*** Block opens ***

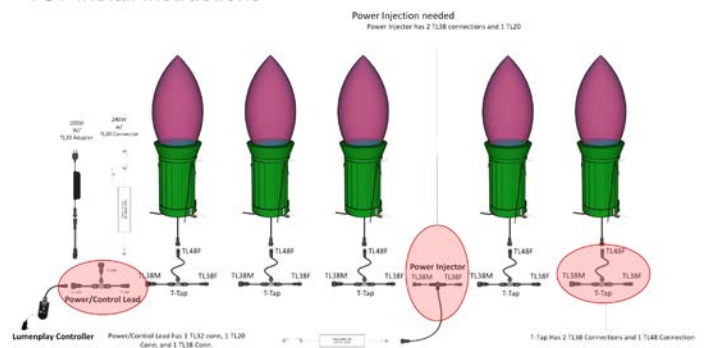

**Expansion Pack Includes**

- 24V DC 100W Power Supply with TL20 Adapter
- RGB Power Injector
- (2) 12' TL38 Extension Cables

SCAN TO SEE PRODUCT VIDEO

Color Changing Bulbs!

**TC7 Install Instructions**

*Bows*

*** Block closes ***

The response must contain every line from the listing above in which the string "Power" appears.

• **WRITTEN REPLY**:
- 24V DC 100W Power Supply with TL20 Adapter
- RGB Power Injector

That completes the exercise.